* INPUT

⟨

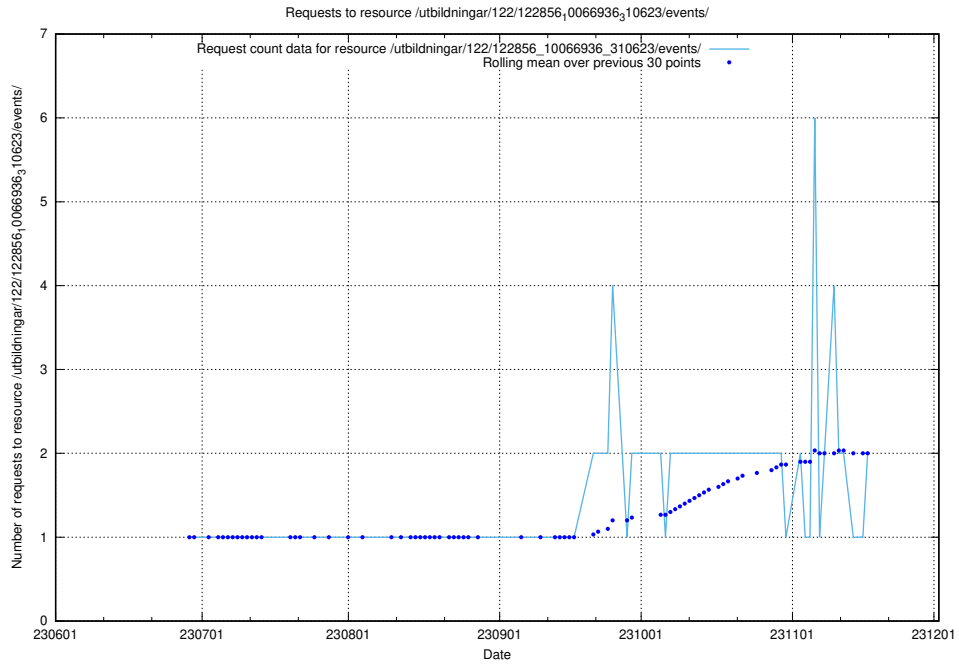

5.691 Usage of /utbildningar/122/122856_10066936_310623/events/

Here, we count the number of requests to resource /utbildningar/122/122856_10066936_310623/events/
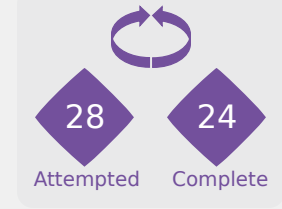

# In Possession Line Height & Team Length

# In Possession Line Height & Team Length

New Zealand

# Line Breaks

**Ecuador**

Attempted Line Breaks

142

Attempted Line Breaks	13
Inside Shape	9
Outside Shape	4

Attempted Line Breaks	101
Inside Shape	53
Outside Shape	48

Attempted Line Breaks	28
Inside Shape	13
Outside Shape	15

⟩
⟨

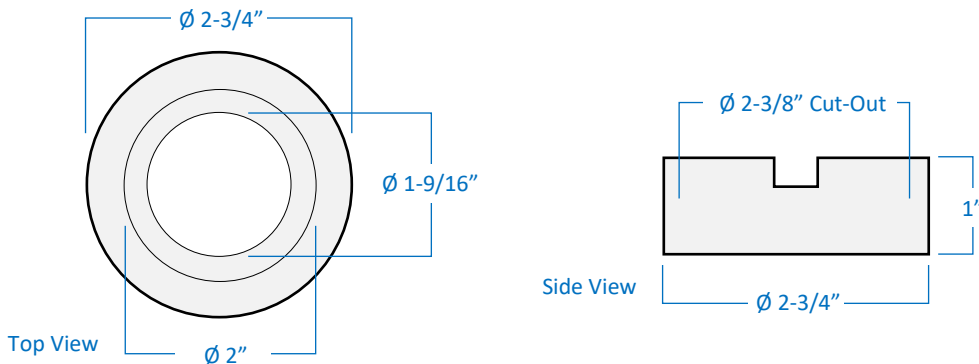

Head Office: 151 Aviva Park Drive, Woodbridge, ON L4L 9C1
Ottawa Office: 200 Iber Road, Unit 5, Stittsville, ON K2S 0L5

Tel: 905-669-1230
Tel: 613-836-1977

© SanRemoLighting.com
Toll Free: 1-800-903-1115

⟩
⟨

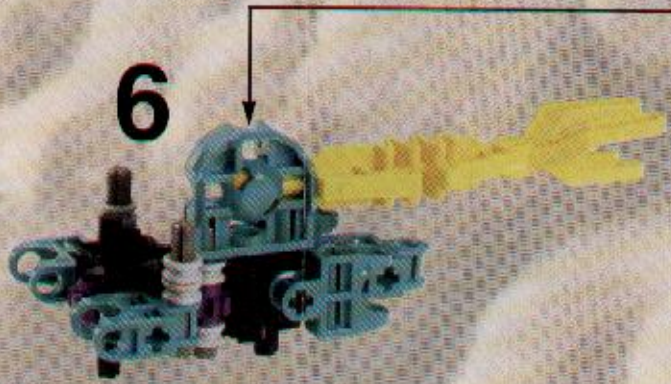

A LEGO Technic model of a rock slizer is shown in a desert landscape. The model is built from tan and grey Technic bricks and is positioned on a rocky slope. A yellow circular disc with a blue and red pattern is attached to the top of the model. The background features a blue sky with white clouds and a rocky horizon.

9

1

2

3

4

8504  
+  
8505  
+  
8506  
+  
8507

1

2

⟩

When the word "Outside" turns up on a line of the material above, copy that line.

Outside Shape	4
Outside Shape	48
Outside Shape	15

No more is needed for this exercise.